# Carry w/Ambi Safety



## RobK (May 14, 2010)

I own and love the 1911 model, and have several in various sizes & calibers. Most of them have Ambi Safeties. I'm right handed. I live in the communist state of Illinois so only carry when I am in other states.... which isn't often. Hopefully this will change with the November election....

My question is, is there any added risk of carrying a 1911 with ambi safeties that the right sided safety will get accidentally bumped and disengaged. Is it safer to carry a single safety 1911?

Thanks
Rob


----------



## VAMarine (Dec 25, 2008)

The safety can be moved into the off position, it gets bumped by a seat belt etc. A step in safeguarding this from occurring is to have a holster that it molded in such a fashion that the thumb safety "rests" in a spot that prevents it from moving.

Another option is trimming off the right side lever so that it doesn't stick out as much or replace the ambi with a lower profile part such as THIS.

When I carried a 1911 with an ambi, there were a couple times I'd find it in the off position, this really didn't bother me as there was still the grip safety, firing pin safety, and a pull of the trigger that had be be dealt with before the gun would go off, this was also with a holster that did not have a molded body panel to help prevent the safety from moving.

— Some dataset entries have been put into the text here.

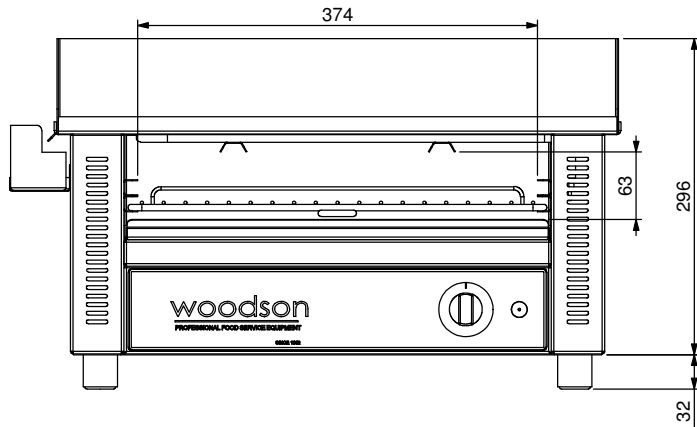

Product Details

Electrical Connection : Supply single phase
 : 240v, 15amps, 3600w, 15amp plug & lead supplied
 : 1 element @3600w (240V)
 Unit Controls : Knob for 285deg thermostat with indicator light
 Plate Size : 523 x 337 x 6

PRODUCT: Griddle Toaster				PART No: WGDT65-A001	
DRAWN	N Wooler	SIGNATURE	DATE	UNLESS OTHERWISE SPECIFIED: DIMENSIONS ARE IN MILLIMETERS	
APPV'D			28/03/2006	DESCRIPTION: Assembly	
			MATERIAL:	DWG No: WGDT65-d001	
			THICKNESS:	REVISION	
			FINISH:	A	
DO NOT SCALE DRAWING		This drawing remains the property of Tom Stoddart Pty Ltd & cannot be reproduced without prior permission.			A3
					Sheet 1 of 24

I will also add that during that time I was in/out of the car alot and that I don't recall the safety ever being switched off during more normal activities.

If I do add an ambi in the future, I plan on buying one of the above listed safeties and mating it with an elongated left side lever to have the best of both worlds, a long lever for right handed use, and a low profile lever for left handed use should the need arise without the worry of anything catching on the safety.


----------